Most of the merchant generation that began service in this two-year period in PJM is comprised of natural gas plants. Developers cite the availability of low-cost natural gas and projected retirements of coal plants as reasons for the development. One merchant plant -- the St. Charles Energy Center, however, was refinanced as a merchant plant after the Supreme Court’s decision in Hughes v. Talen invalidated the original long-term contract with the Maryland Public Service Commission.
Natural gas plant construction in Texas in 2016 and 2017 was primarily comprised of two large plants, Wolf Hollow II and Colorado Bend II.
Six merchant wind projects were also constructed in this time, two in the PJM portion of Illinois, three in Texas, and one smaller wind farm in New Mexico that was constructed for sale into the SPP real-time market.
The increase in merchant capacity doesn’t mean merchants are assuming risk
The expansion of merchant power shows that the RTO-operated capacity and energy markets can attract new generation development despite the price volatility in these markets. However, there are several reasons to question whether this is a positive development and one that FERC and the market operators should seek to promote, such as:
- These plants all use a variety of equity financing and Term Loan B debt, which incurs a higher cost of capital than traditional debt.
- Merchant development does not involve long-term planning to determine if the development of a large amount of natural gas within one region will be beneficial or will exacerbate concerns about fuel security and resource diversity.
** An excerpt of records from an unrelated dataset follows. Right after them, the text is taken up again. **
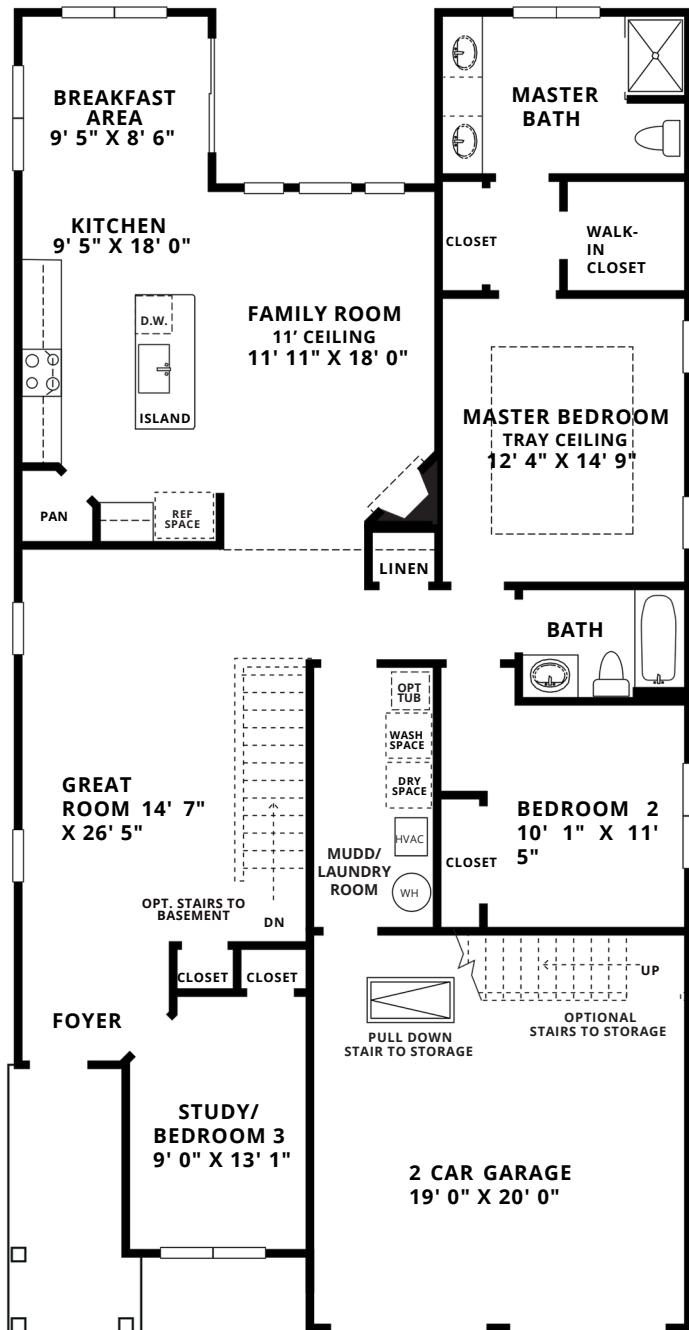

The Hawthorn

3 Bedrooms / 2 Baths

Living Space..... 1,676 Sq. Ft.

Two-Car Garage Space..... 371 Sq. Ft.

Total..... 2,047 Sq. Ft.

Optional Master Bath

Optional Sunroom

First Floor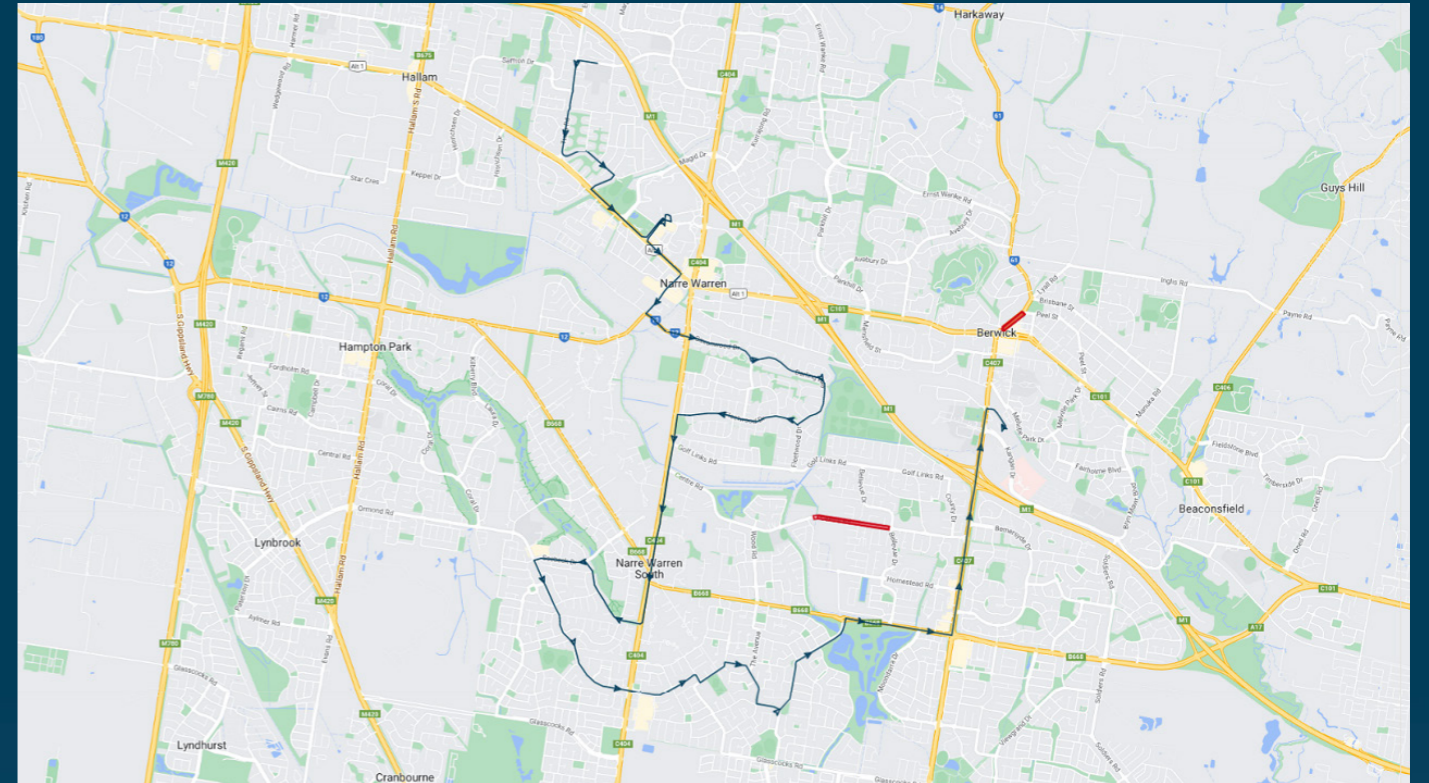

Times listed are estimated times only, it is advised to arrive at your stop earlier than the listed time to avoid missing your bus.

You can also download the Ventura Tracker app to view real time bus locations of all services

Fountain Gate Secondary College

Route: 1553/834S | Afternoon

- The capacity market is procuring excess capacity in PJM, yet merchant development is increasing, indicating a disconnect between reliability needs and new capacity development.
- Merchant developers are unlikely to fully account for other merchant projects in their projections of natural gas, energy, and capacity prices. If the increase in merchant natural gas development causes natural gas prices to rise or energy prices to remain low, then the projected earnings from an individual project might not materialize. If that occurs, will the plant owners close the plants, or will they instead seek market rule changes to preserve these plants’ earnings?
- The growth in merchant natural gas plants may not be matched by an expansion of natural gas pipeline capacity.
An often-stated benefit of the merchant model is that the risk is shifted away from customers and on to the investors in the plant. But the history of the capacity markets in the Eastern RTOs demonstrates an unwillingness of merchant owners to accept the risks of competing supply. For example, in response to the expansion of direct procurement of capacity by the states, merchant generators have continually advocated for rules (such as the imposition of a minimum offer price for sellers) that are aimed at protecting the merchant earnings from any resulting reductions in the capacity price.
In sum, an increasing reliance on merchant generation may be at odds with the growing interest in developing specific capacity types to meet local, state, and FERC policy goals, whether they are environmental, reliability, fuel diversity, or grid resilience. Moreover, policies put in place to protect prices increase customer costs and detract from the claimed benefit that the merchant generation model shifts risk away from customers.